YOUR INSTRUCTIONS:
Set down each record below precisely, skipping the pictures.

Items listed in a dataset:
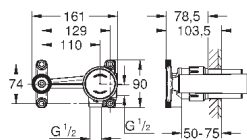

23 429 000

225,60

Смеситель однорычажный Joystick 1/2", встраиваемый механизм

для смесителя на 2 отверстия
без комплекта верхней монтажной части
GROHE FeatherControl Joystick картридж

для скрытого монтажа
глубина монтажа 78,5 - 103,5 мм
шаблон для монтажа

DR-латунь
минимальное давление 1,0 бар
обеспечивает гидроизоляцию конструкции стен, окружающих встраиваемый механизм
с уплотнительной втулкой
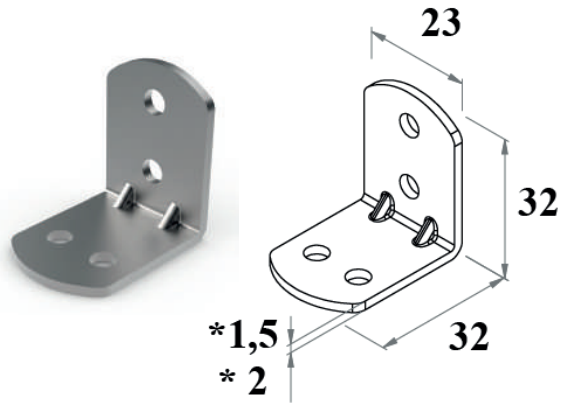

METAL OVAL DÜZ GÖNYE

KOD	ÖLÇÜ	adet		RENK	FİYAT
2153	1,5x23x60	200	2000	Çinko	2.90₺
2057	2x23x60	200	2000	Çinko	3.80₺

METAL OVAL L GÖNYE

KOD	ÖLÇÜ	adet		RENK	FİYAT
2154	1,5x23x30x30	200	2000	Çinko	2.90₺
2058	2x23x30x30	200	2000	Çinko	3.80₺
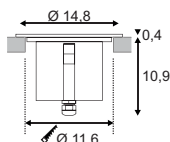

Zubehörempfehlung	Art. Nr.	EUR
T-Verbindebox	228726	19,90
Montagefeder für Holz	233796	29,90
Einbautopf	233791	39,90

Variante	Art. Nr.	EUR
1200lm 30° edelstahl	233712	399,00
1200lm 60° edelstahl	233716	399,00

Coming soon: Januar 2017
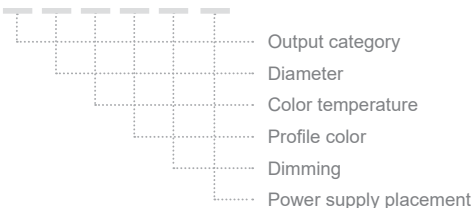

CIRCLE SURFACE 55×100

SKU: C55100-SF - XX-XX-XX-XX-XX-XX

ΠΕΡΙΕΧΟΜΕΝΑ / CONTENTS

DATASHEET 1
PRODUCT CODE GENERATOR 2
LUMEN OUTPUT TABLES 3
MANUAL FOR SURFACE MOUNTED INSTALLATION 4

WRITTEN ANSWER:
23 429 000

225,60

Смеситель однорычажный Joystick 1/2", встраиваемый механизм

для смесителя на 2 отверстия
без комплекта верхней монтажной части
GROHE FeatherControl Joystick картридж

для скрытого монтажа
глубина монтажа 78,5 - 103,5 мм
шаблон для монтажа

DR-латунь
минимальное давление 1,0 бар
обеспечивает гидроизоляцию конструкции стен, окружающих встраиваемый механизм
с уплотнительной втулкой

METAL OVAL DÜZ GÖNYE

KOD	ÖLÇÜ	adet		RENK	FİYAT
2153	1,5x23x60	200	2000	Çinko	2.90₺
2057	2x23x60	200	2000	Çinko	3.80₺

METAL OVAL L GÖNYE

KOD	ÖLÇÜ	adet		RENK	FİYAT
2154	1,5x23x30x30	200	2000	Çinko	2.90₺
2058	2x23x30x30	200	2000	Çinko	3.80₺

Zubehörempfehlung	Art. Nr.	EUR
T-Verbindebox	228726	19,90
Montagefeder für Holz	233796	29,90
Einbautopf	233791	39,90

Variante	Art. Nr.	EUR
1200lm 30° edelstahl	233712	399,00
1200lm 60° edelstahl	233716	399,00

Coming soon: Januar 2017

CIRCLE SURFACE 55×100

SKU: C55100-SF - XX-XX-XX-XX-XX-XX

ΠΕΡΙΕΧΟΜΕΝΑ / CONTENTS

DATASHEET 1
PRODUCT CODE GENERATOR 2
LUMEN OUTPUT TABLES 3
MANUAL FOR SURFACE MOUNTED INSTALLATION 4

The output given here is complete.